I. Determine whether painTRAINER reduces pain severity and pain interference at the post-intervention follow-up assessment (follow-up [FU]1; primary outcomes/endpoint) as well as at the 3-month and 6-month follow-up assessments (FU2 and FU3).
II. Determine whether painTRAINER improves emotional distress, health-related quality of life (HRQoL), and aromatase inhibitor (AI) adherence at the post-intervention, 3-month, and 6-month follow-up assessments (FU1, FU2, and FU3; secondary outcomes).

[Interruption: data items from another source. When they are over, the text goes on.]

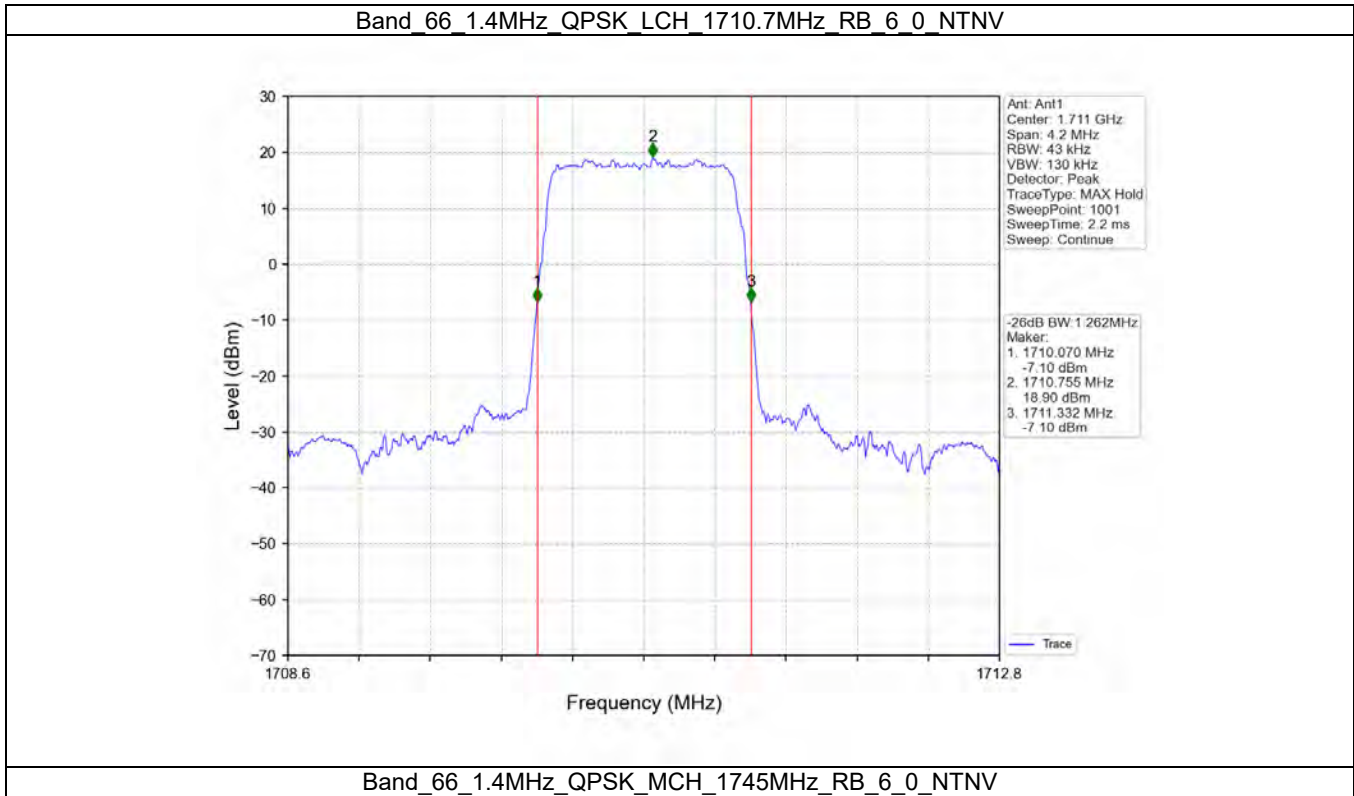

2.4.0 LTE Band 66 26DB

2.4.0.1 Test Result

Band: 66 / Bandwidth: 1.4MHz / NTNV							
Modulation	RB Allocation		26dB Bandwidth (MHz)			Limit (MHz)	Verdict
	Size	Offset	LCH	MCH	HCH		
QPSK	6	0	1.262	1.258	1.270	/	Pass
16QAM	6	0	1.268	1.251	1.270	/	Pass
64QAM	6	0	1.264	1.250	1.261	/	Pass
Band: 66 / Bandwidth: 3MHz / NTNV							
Modulation	RB Allocation		26dB Bandwidth (MHz)			Limit (MHz)	Verdict
	Size	Offset	LCH	MCH	HCH		
QPSK	15	0	3.064	3.064	3.040	/	Pass
16QAM	15	0	3.087	3.078	3.072	/	Pass
64QAM	15	0	3.059	3.076	3.078	/	Pass
Band: 66 / Bandwidth: 5MHz / NTNV							
Modulation	RB Allocation		26dB Bandwidth (MHz)			Limit (MHz)	Verdict
	Size	Offset	LCH	MCH	HCH		
QPSK	25	0	5.047	5.044	5.042	/	Pass
16QAM	25	0	5.052	5.053	5.062	/	Pass
64QAM	25	0	5.046	5.060	5.072	/	Pass
Band: 66 / Bandwidth: 10MHz / NTNV							
Modulation	RB Allocation		26dB Bandwidth (MHz)			Limit (MHz)	Verdict
	Size	Offset	LCH	MCH	HCH		
QPSK	50	0	10.016	10.010	10.007	/	Pass
16QAM	50	0	10.010	9.933	9.945	/	Pass
64QAM	50	0	9.932	9.966	9.961	/	Pass
Band: 66 / Bandwidth: 15MHz / NTNV							
Modulation	RB Allocation		26dB Bandwidth (MHz)			Limit (MHz)	Verdict
	Size	Offset	LCH	MCH	HCH		
QPSK	75	0	15.034	14.990	14.968	/	Pass
16QAM	75	0	14.882	14.913	14.927	/	Pass
64QAM	75	0	14.944	14.927	14.962	/	Pass
Band: 66 / Bandwidth: 20MHz / NTNV							
Modulation	RB Allocation		26dB Bandwidth (MHz)			Limit (MHz)	Verdict
	Size	Offset	LCH	MCH	HCH		
QPSK	100	0	19.672	20.092	19.806	/	Pass
16QAM	100	0	19.660	19.840	19.679	/	Pass
64QAM	100	0	19.682	19.802	19.747	/	Pass

2.4.0.2 Test Graph
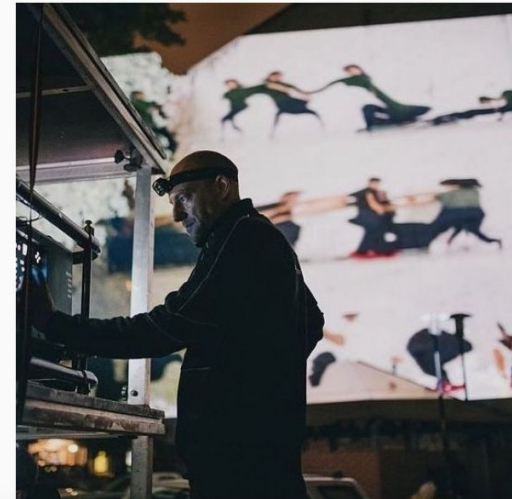

Wendy Yu x As We Rise

A large-scale, site-specific projection mapping project to pop-up at several sites along the Greenway in Fall 2022 from Australian dancer, choreographer, computer programmer [Wendy Yu](#).
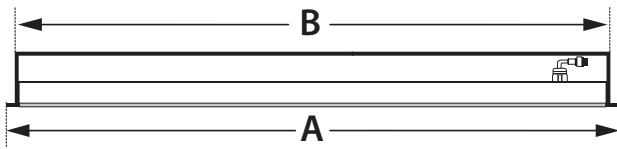

Frame Ceiling Led 2 CV

concrete version

- Linear ceiling recessed waterproof led luminaire
- with frame
- suitable for outdoors use
- body made from extruded aluminum polyester powder coated
- with die cast aluminum end caps polyester powder coated
- with tempered opal/mat glass
- with rubber gaskets and stainless-steel screws
- with one or two cable glands IP68
- with pre-connected male and female IP68 fis fast connection
- with incorporated high-power led smd
- adjusted on a high performance linear heatsink
- for best thermal management of led source
- CRI>80 | 3 SDCM as standard
- upon request available with CRI>90
- in 3000-4000 KELVIN
- also available upon request in 2700-3500-5000-6500 Kelvin
- with symmetric lenses 10°-15°-25°-35°-45°-60°*
- or elliptical beam lenses 15°x35°, 20x40°*
- or wall washing lenses
- input forward voltage 24v DC
- works with external/remote constant voltage led driver
- accommodated with extruded aluminum base for concrete installation

CRI>80 | Led source power & Average Luminaire Flux

Indicative Flux list | Final lumen output depends from the selection of the angle beam

23822		7.0W	7x1.0W	24v DC	3000-4000 KELVIN	560-595 LUMEN	DIM (1)		
23823		14.0W	14x1.0W	24v DC	3000-4000 KELVIN	1120-1190 LUMEN	DIM (2)		
23824		21.0W	21x1.0W	24v DC	3000-4000 KELVIN	1680-1785 LUMEN	DIM (3)		
23825		28.0W	28x1.0W	24v DC	3000-4000 KELVIN	2240-2380 LUMEN	DIM (4)		

ΔΙΑΣΤΑΣΕΙΣ DIMENSIONS			ΔΙΑΣΤΑΣΕΙΣ ΟΠΗΣ OPENING DIMENSIONS		
DIM	A	B	LENGTH	WIDTH	DEPTH
1	327	309	319	45	85
2	607	589	599	45	85
3	887	869	879	45	85
4	1167	1149	1159	45	85

Upon request luminaire is available with pre-connected IP68 male and female fis for fast connection
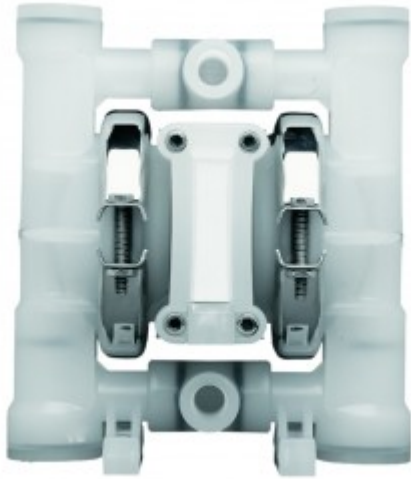

## 00-10047: 1/4" WILDEN PUMP, PVDF/NO OUTER PISTON/ PTFE W/NEOPRENE BACK-UP O-RING, IPD

[Contact Us](#)

Manufacturer: Wilden Pump

Model: P25/KZPPP/TNL/TF/KTV/0481

Call For Availability:

44 W Jefryn Blvd, Ste D Deer Park, NY 11729 , Telephone: (631) 752 - 7770, Fax: (631) 454 - 7867
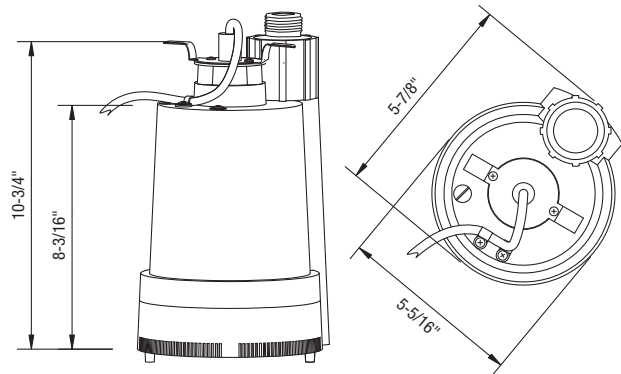

PF91335 Thermoplastic Utility Pump

Product Features

- Tough thermoplastic construction
- 1-1/4" NPT Discharge
- Clog resistant impeller
- 25' power supply cord
- Sleek design allows pump to fit in 6" opening
- 3/4" garden hose adapter included
- Can be used as a sump pump by adding a float switch
- Built-in thermal overload protection for safety
- Permanent split capacitor continuous duty motor
- 4.1 amps, 492 Watts
- 3450 RPM

PF91335

Motor Performance

- 1/3HP 120 Volt AC (4.1 amps)

Performance Chart						
Lift	0'	5'	10'	15'	20'	25'
GPM	40	34	28	22	12	2
GPH	2400	2040	1680	1320	720	120

Product Specifications

* All measurements are nominal. Please verify before actual installation.
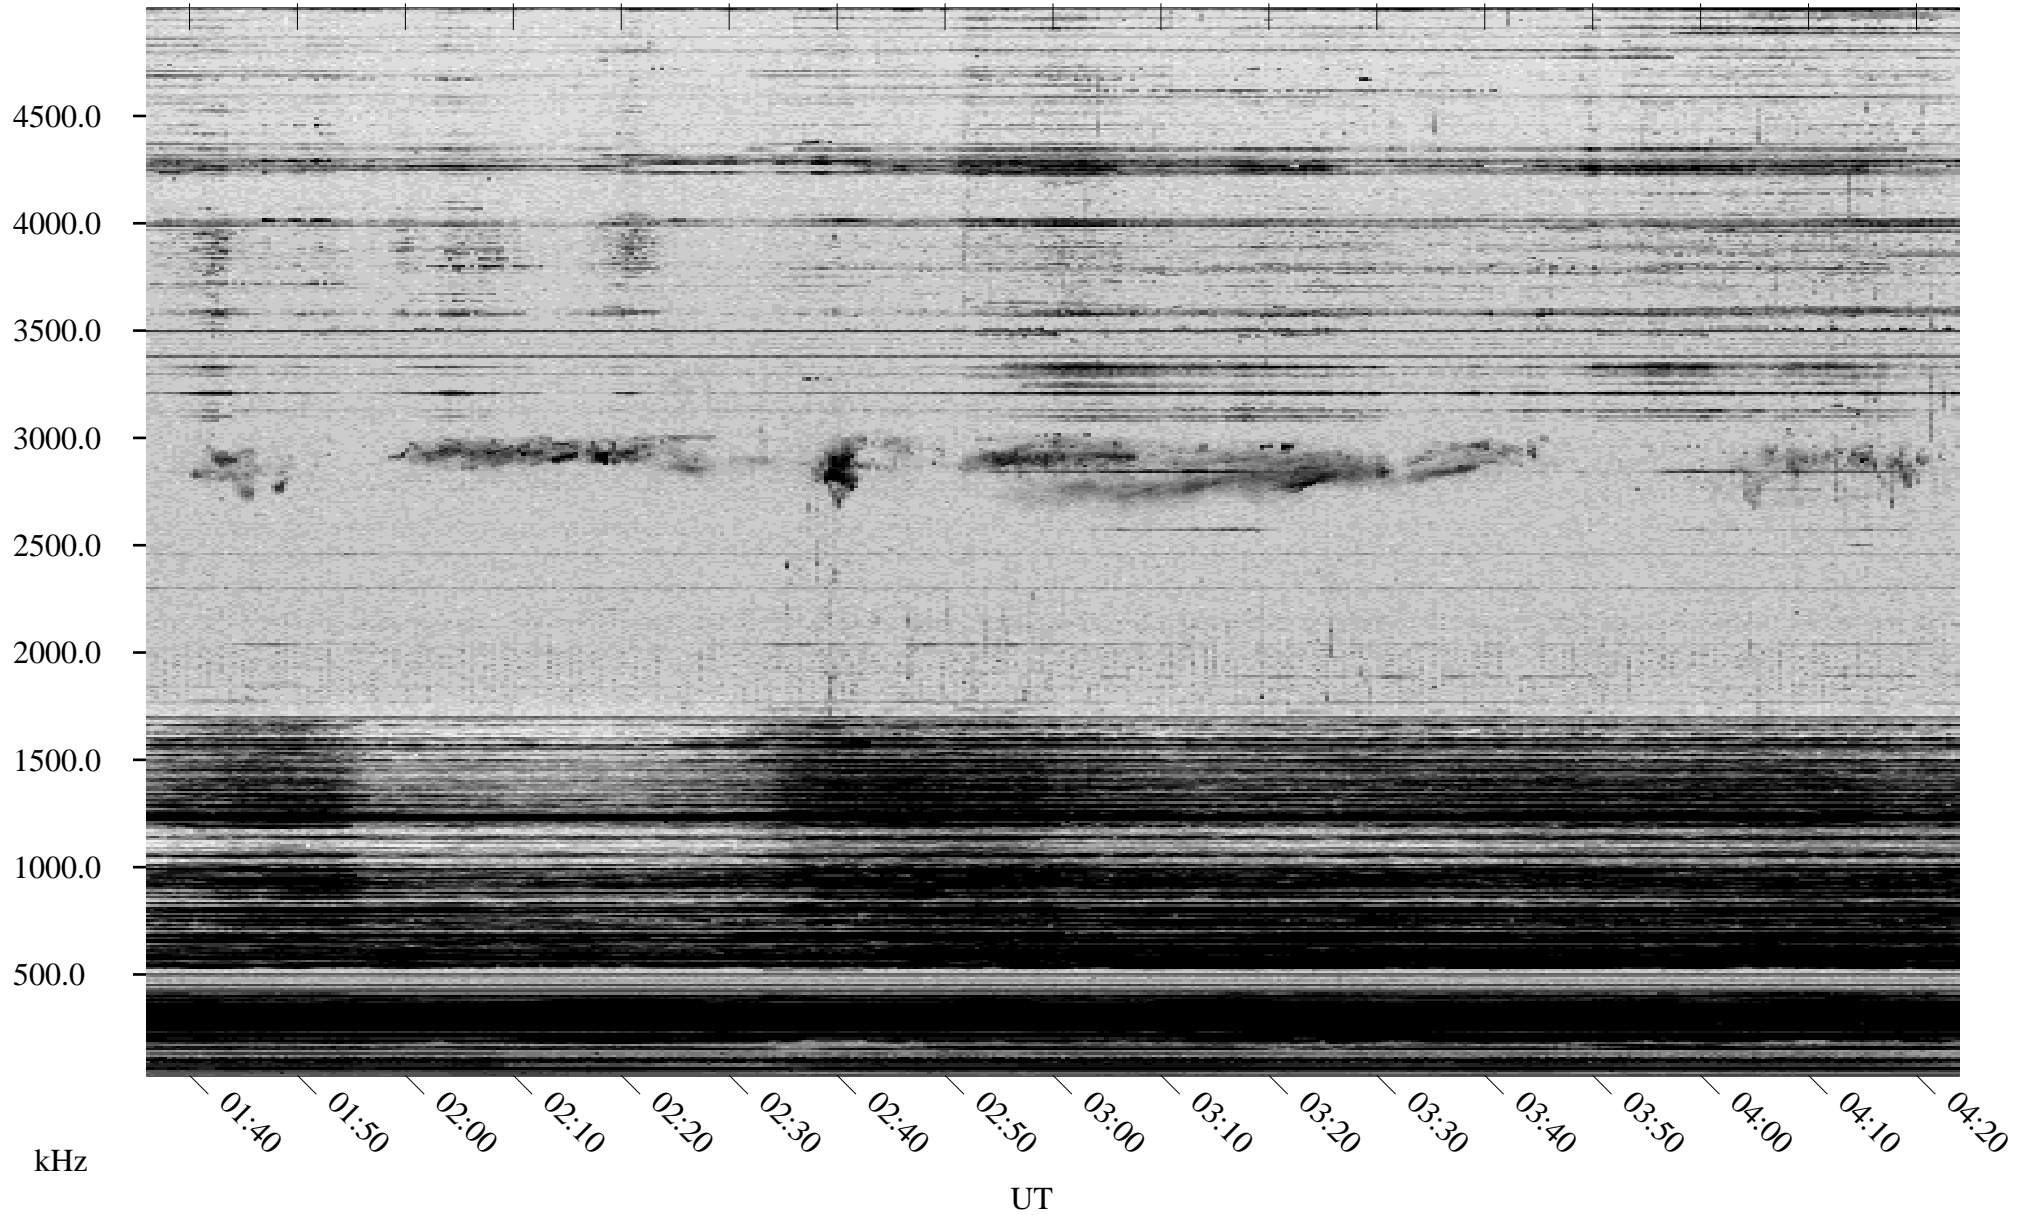

02/13/2004 Churchill, Manitoba

Linear Scale Black = 161 White = 15

ch04044l.r00m max_12

Page 1

02/13/2004 Churchill, Manitoba

Linear Scale Black = 161 White = 15

ch04044l.r00m max_12

Page 2

02/14/2004 Churchill, Manitoba

Linear Scale Black = 161 White = 15

ch04044l.r00m max_12

Page 3

02/14/2004 Churchill, Manitoba

Linear Scale Black = 161 White = 15

ch040441.r00m max_12

Page 4

02/14/2004 Churchill, Manitoba

Linear Scale Black = 161 White = 15

ch040441.r00m max_12

Page 5

02/14/2004 Churchill, Manitoba

Linear Scale Black = 161 White = 15

ch04044l.r00m max_12

Page 6

02/14/2004 Churchill, Manitoba

Linear Scale Black = 161 White = 15

ch04044l.r00m max_12

Page 7

02/14/2004 Churchill, Manitoba

Linear Scale Black = 161 White = 15

ch04044l.r00m max_12

III. Determine whether effects of painTRAINER on primary and secondary outcomes are at least partially mediated by increases in pain self-efficacy and reductions in pain catastrophizing.
EXPLORATORY OBJECTIVE:
I. Explore indirect benefits of painTRAINER on other common AI adverse effects—sleep disturbance and vasomotor symptoms (hot flushes, hot flashes, night sweats).
OUTLINE: Patients are randomized to 1 of 2 arms.
ARM I (ENHANCED USUAL CARE): Patients receive printed educational materials about AI therapy, arthralgia, and other AI symptoms at the baseline visit and receive usual care for 8-10 weeks.
ARM II (PAINTRAINER): Patients receive care as in arm I as well as complete the painTRAINER program consisting of eight weekly virtual, self-guided sessions over 35-45 minutes each for 8-10 weeks.
After completion of study intervention, patients are followed up at 12, 24, and 36 weeks after randomization.